#### How to complete this task
Find all lines below containing the string "dorada" and return them.

#### Supplied records
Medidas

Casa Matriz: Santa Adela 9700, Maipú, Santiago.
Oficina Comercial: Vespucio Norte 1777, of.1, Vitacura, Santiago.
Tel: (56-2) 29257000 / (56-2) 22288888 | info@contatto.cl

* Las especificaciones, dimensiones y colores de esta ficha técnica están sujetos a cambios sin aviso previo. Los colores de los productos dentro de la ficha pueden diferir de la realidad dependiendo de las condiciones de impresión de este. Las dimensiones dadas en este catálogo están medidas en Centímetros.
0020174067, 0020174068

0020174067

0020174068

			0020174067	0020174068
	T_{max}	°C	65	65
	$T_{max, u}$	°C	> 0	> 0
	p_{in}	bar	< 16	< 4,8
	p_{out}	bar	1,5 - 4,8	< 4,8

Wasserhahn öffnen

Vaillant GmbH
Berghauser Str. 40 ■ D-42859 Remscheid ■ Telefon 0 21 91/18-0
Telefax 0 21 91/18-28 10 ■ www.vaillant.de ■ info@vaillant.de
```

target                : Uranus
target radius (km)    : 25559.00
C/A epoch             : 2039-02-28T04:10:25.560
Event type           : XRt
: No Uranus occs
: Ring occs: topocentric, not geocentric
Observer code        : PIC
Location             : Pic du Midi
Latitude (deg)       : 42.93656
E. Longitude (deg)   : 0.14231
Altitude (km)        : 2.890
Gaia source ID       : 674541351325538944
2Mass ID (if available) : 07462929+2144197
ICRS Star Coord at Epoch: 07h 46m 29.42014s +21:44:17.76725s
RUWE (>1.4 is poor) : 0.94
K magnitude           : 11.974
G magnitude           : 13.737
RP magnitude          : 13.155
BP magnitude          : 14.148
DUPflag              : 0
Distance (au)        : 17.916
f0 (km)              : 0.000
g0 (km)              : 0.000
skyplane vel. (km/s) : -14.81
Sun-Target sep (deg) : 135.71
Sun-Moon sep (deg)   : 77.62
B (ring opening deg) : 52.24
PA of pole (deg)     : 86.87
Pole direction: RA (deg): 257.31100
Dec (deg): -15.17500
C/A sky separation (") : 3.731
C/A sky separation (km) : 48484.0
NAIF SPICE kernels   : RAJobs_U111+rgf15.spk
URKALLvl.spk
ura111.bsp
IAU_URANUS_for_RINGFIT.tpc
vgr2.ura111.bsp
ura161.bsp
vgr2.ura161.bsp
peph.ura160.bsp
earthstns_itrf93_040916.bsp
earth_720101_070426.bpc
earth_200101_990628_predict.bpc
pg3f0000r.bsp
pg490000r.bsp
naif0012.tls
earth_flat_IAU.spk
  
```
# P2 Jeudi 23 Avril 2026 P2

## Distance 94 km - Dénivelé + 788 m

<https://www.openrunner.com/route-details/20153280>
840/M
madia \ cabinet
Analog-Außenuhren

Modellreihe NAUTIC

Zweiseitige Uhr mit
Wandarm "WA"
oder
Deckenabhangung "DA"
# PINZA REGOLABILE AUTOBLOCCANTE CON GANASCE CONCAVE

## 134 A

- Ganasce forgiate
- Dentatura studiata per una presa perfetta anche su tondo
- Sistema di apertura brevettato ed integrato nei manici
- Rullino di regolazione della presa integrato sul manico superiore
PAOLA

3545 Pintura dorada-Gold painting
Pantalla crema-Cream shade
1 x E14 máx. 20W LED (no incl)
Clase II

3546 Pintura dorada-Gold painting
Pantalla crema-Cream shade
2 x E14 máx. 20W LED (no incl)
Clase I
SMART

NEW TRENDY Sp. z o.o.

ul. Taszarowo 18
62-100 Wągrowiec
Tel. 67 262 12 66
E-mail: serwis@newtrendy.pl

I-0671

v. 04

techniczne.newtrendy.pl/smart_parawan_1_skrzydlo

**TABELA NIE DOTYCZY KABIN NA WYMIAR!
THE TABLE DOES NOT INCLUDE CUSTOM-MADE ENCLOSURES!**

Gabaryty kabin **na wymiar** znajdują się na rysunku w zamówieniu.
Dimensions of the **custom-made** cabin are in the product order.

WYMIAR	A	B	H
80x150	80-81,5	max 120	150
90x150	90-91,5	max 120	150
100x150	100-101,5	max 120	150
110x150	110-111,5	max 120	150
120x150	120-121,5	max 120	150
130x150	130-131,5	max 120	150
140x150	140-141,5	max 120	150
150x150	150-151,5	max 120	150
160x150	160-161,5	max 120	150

#### Solution to the exercise
3545 Pintura dorada-Gold painting
3546 Pintura dorada-Gold painting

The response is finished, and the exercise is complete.